30% Delayed? Airlines Would Love WMS’s Track Record.

Jan. 7, 2013

Statistics used to be tools for managers. Today they’re weapons for marketers. Fifty percent of U.S. marriages end in divorce. A third of the population is obese. Fourteen percent are functionally illiterate. These are great numbers for use by divorce lawyers, personal trainers and the folks who sell vocabulary builder programs. They’re used so much they become part of our conventional wisdom. But lately I’ve seen too many reports that have debunked pieces of conventional wisdom as fallacies or at least exaggerations.

You’re overweight? Don’t worry. A new report now says heavier people live longer than thin people.

So with that in mind, when I was reviewing an article on WMS usage submitted for consideration in our upcoming January issue, this sentence screamed out for attention:

“Despite the importance of WMS, approximately 30 percent of installs fall behind schedule and fail to be ready for operation at go-live.  When delayed, WMS installs typically hang-up from three to twelve months before becoming fully operational”

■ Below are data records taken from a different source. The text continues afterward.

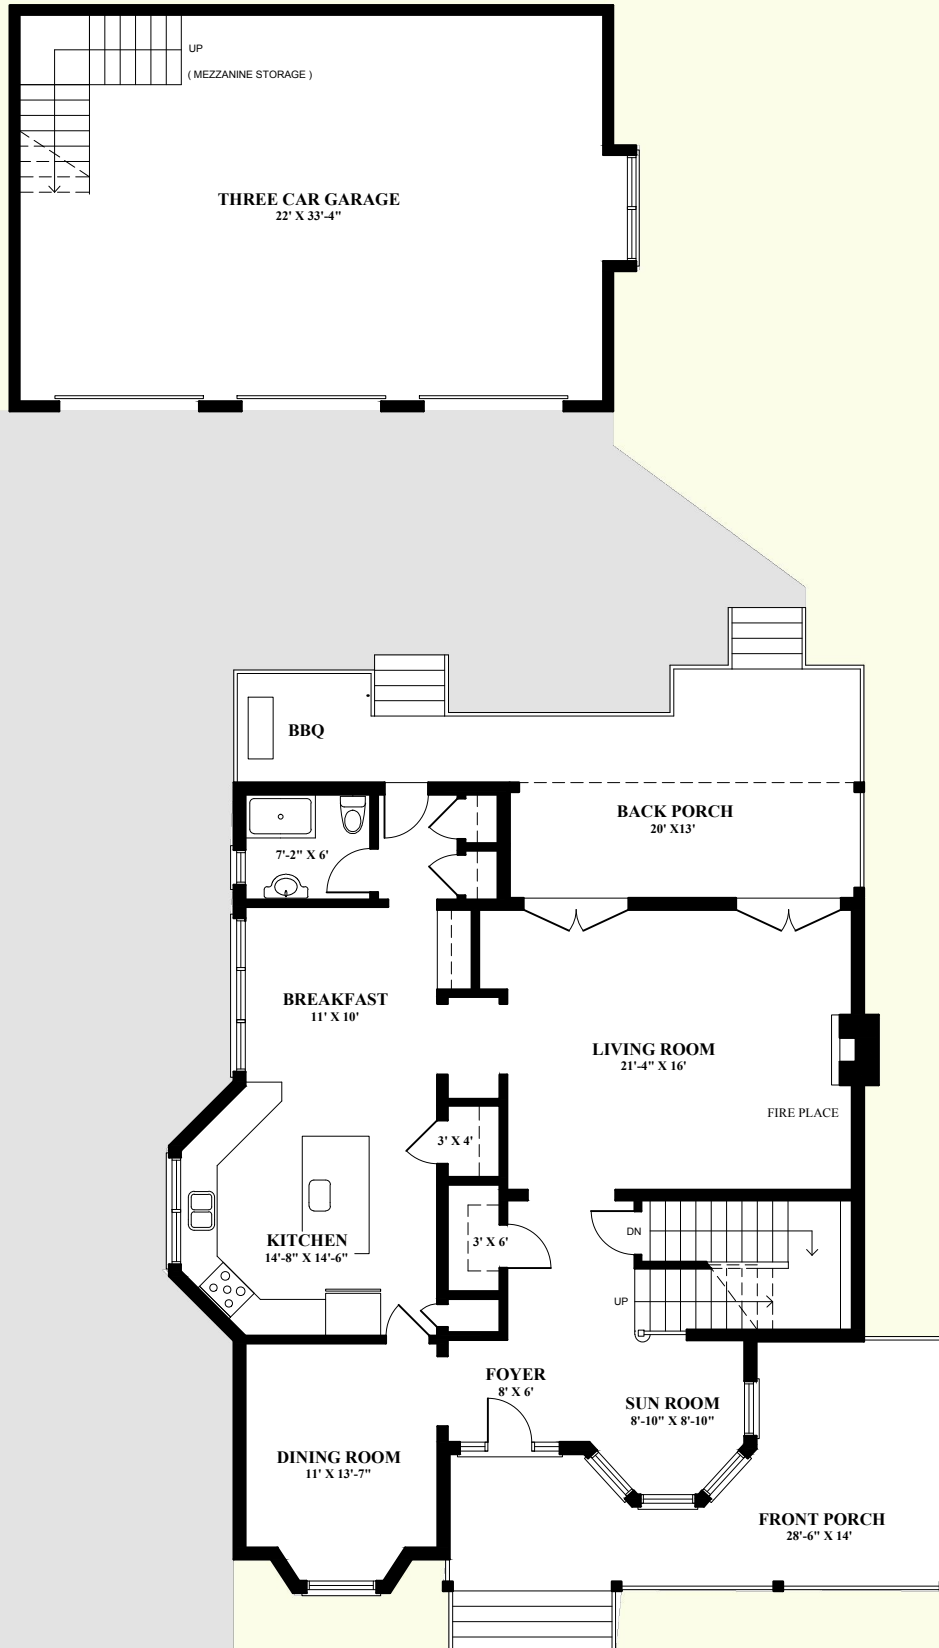

14650 NIAGARA PARKWAY

NIAGARA-ON-THE-LAKE

Stephanie Petroff
Sales Representative

Sotheby's
INTERNATIONAL REALTY
Canada

MAIN FLOOR 1355 sq ft

14650 NIAGARA PARKWAY

NIAGARA-ON-THE-LAKE

Stephanie Petroff
Sales Representative

Sotheby's
INTERNATIONAL REALTY
Canada

SECOND FLOOR 1275 sq ft

BASEMENT

The author didn’t cite a source, so I e-mailed him and asked for it. He happened to be a consultant who had been involved in more than 80 such projects, and he based his claim on what he’s seen and heard in the field. But to satisfy my curiosity and to justify his statement, he ran it by Dwight Klappich, a WMS market analyst at Gartner Research. He said 30% is about right.

“I would agree with the statement based on my talking to customers,” he said. “I would say that the cause is 50% on the customer’s side and 50% on the vendor’s side, so that 30% rate is not that high in the grand scheme of things—which also says that 70% of the projects are on time.”

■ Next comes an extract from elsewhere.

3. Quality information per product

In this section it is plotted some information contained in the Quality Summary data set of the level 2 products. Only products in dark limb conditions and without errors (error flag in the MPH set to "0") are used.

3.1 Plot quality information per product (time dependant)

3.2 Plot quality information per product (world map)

In fact when you read the list of the most common causes for project delays that Klappich provided along with his answer, that 70% on-time number seems even more unbelievable. They include:

· Unrealistic or overly optimistic initial implementation schedule (“What should have been planned as a year was planned for 6 months,” he said.);

· Customer unready/unprepared to undertake implementation at the start (Klappich said he found that customer ERP data quality issues frequently delay WMS implementation because the project gets put on hold while the customer fixes those issues.);

· Customer building a new warehouse and delays on that project affect the WMS project;

· Customer doesn’t have strong management leadership and things like customization explode due to lack of governance and control;

· Customer unwilling to adapt processes to base system leading to higher than needed/anticipated customization;

· Change management issues in the warehouse;

· 3rd party systems integrators unable to effectively manage a WMS;

· Vendor staffs the projects with junior people or under staffs the project;

· Vendor has consulting resource constraints;

· Vendor implementation process too dependent on the skill and expertise of a person and not detailed or specific enough;

· Vendor under scoped the project either intentionally or in error;

· Problems with customizations (bugs, poor code quality, doesn’t do what customer wanted, etc.);

· Last and probably least often a cause, product feature/function problems (bugs).

So when you read that article in our January issue and come across that 30% figure, now you’ll know the rest of the story. Let me know if you can relate to any of the above WMS challenges—or if you have a few of your own to add. Maybe we can raise that on-time rate a couple of percentage points.